Whether leading or going last, always keep your partner fully informed as to your changes of speed or direction. If the back man feels that he is going to fall, he must shout out at once, so as to give the leader time to stop by a stick Christiania. Similarly the leader, if he comes to a steeper gradient, should warn his partner that the speed is likely to increase.
Be prepared to fall neatly and with the maximum of effect. Should the leader fall into a crevasse, don’t allow yourself to be dragged after him. Throw yourself on the ground, and bring your ski round, as you fall, at right angles to the track and below you. This is more difficult than might be imagined. An indifferent runner, or even a good runner who had not trained himself to expect a fall, would run a big risk of being pulled into the crevasse by the first man.

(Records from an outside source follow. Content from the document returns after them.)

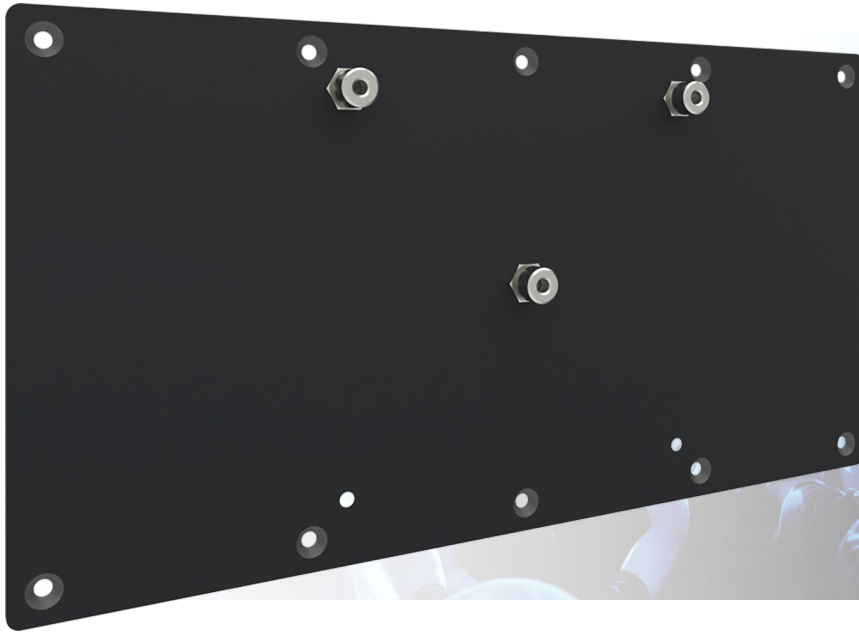

VESA 200, 400-200 rental bracket

063.0305 VESA 200, 400-200 rental bracket with three point coupling

This bracket remains fastened to the screen and can be used in landscape or portrait screen position. Also compatible with VESA 75, 100, 100-200 mounting pattern. Supplied with three coupling bolts.

VESA 200, 400-200 rental bracket

Features

Weight: 3.00 kg

Colour: Black

Maximum load: 50 kg

Screen position: Landscape, Portrait

Type bracket/interface: VESA

Range bracket/interface: VESA 200, 400-200

Mounting system: Three-point coupling
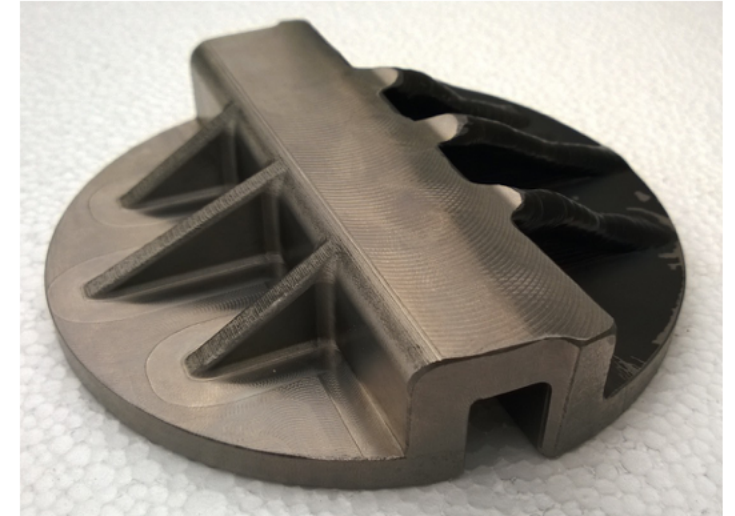

The climate-positive technologies developed by the wins
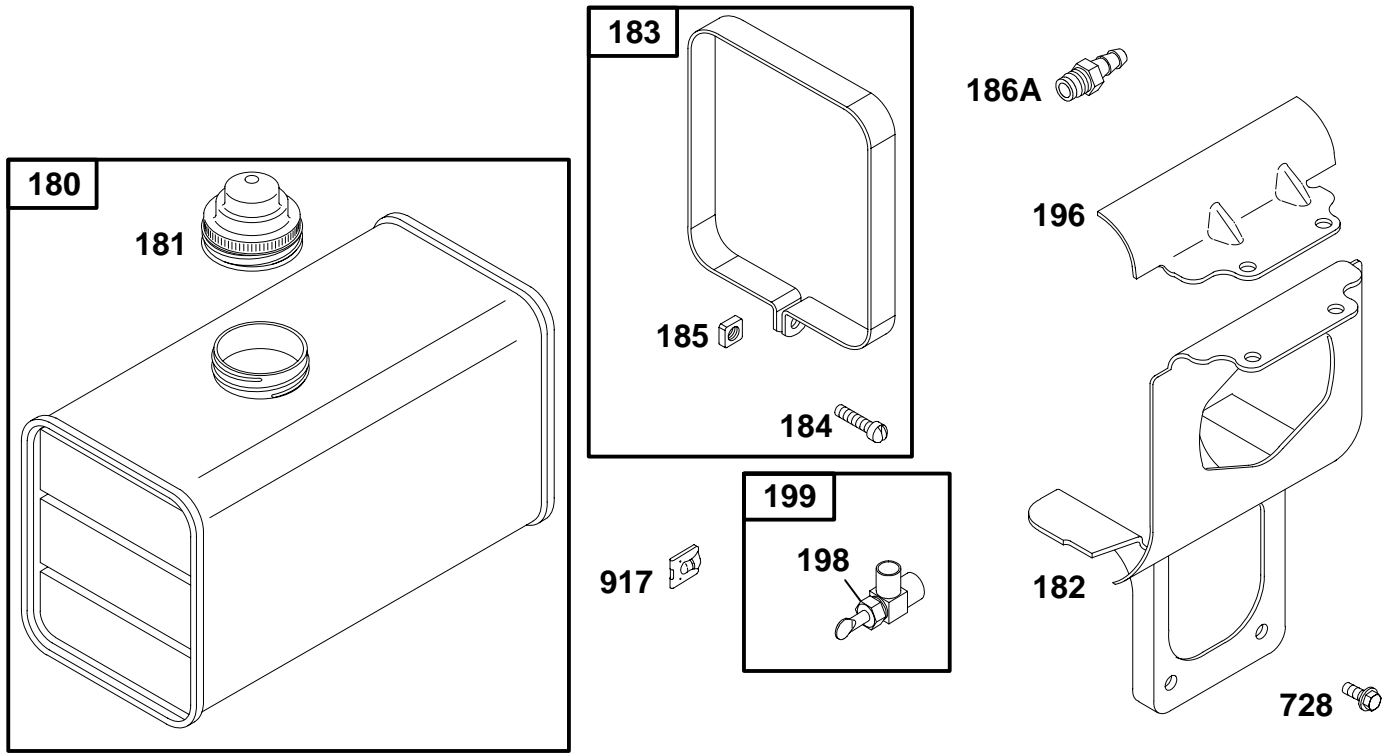

233400 to 233499

REF. NO.	PART NO.	DESCRIPTION	REF. NO.	PART NO.	DESCRIPTION	REF. NO.	PART NO.	DESCRIPTION
180	291488	Tank-Fuel (6 Quart) Note 291513 Tank-Fuel (Gasoline-Kerosene) Used on Type No(s). 0638, 0643, 0647, 0648, 0650, 0652, 1131, 1135, 1137, 1146, 1149, 1150, 2027, 2031, 2527, 2531. 292415 Tank-Fuel (8 Quart) Used on Type No(s). 0533, 0639, 0640, 1134, 1141.	181	392305	Cap-Fuel Tank (Metal)	196	22907	Bracket-Fuel Tank
			182	22813	Bracket-Fuel Tank	198	293934	Screw-Shut-Off
			183	291490	Strap-Fuel Tank	199	297563	Valve-Shut Off
			184	91257	Screw-Slotted	728	94627	Screw-Hex.
			185	90970	Nut-Square	917	223271	Handle-Shut-Off Valve
			186A	230318	Connector-Hose (Used With Flexible Fuel Pipe) Note 231238 Connector- Hose (For Metal Fuel Line)			

★ Included in Gasket Set-See Ref. No. 291728.

● Included in Carburetor Kit-Part No. 395670.

The ‘falling Christiania’ is the best method of avoiding being pulled after the leader into a crevasse.
On fairly steep slopes it is best not to run in line. A and B should run side by side. Provided the rope is long enough (and at least 75 feet should be allowed between each partner), there is no danger that A and B will fall into the same crevasse. A and B will probably not be exactly side by side. B will be just a little behind A. In other words, the line of the rope will not be exactly at right angles to the parallel lines of the two tracks cut by A and B. This side-by-side method is much easier than running in line; if A suddenly quickens in speed, the only result is that A, instead of being side by side with B, tends to run on ahead, and the two tracks tend to close up together until the speed is readjusted. So, too, if B falls suddenly, A has much more chance and more room in which to make a stop Christiania than if they were running exactly in line. Also it is not necessary for either A or B to hold a coil of rope in his hands. If the snow is smooth, the rope need not be taut between the runners if they are running side by side. It cannot be allowed to hang loose and to sweep the snow.
All that has been said above applies equally to three men on a rope: three on a rope is, however, a more difficult combination; the position of the middle man liable to both fore and aft jerks is far from enviable. The best man should be placed in the middle. It is, however, surprising how easily a party of three practised roped runners can execute straight running and even combined turns on a rope.
Ropes that are employed in winter should be new. Old summer ropes should not be used up in winter. Ropes break much more easily in winter than in summer, and the strain is much greater in the event of a fall into a crevasse owing to the greater speed on ski than on foot.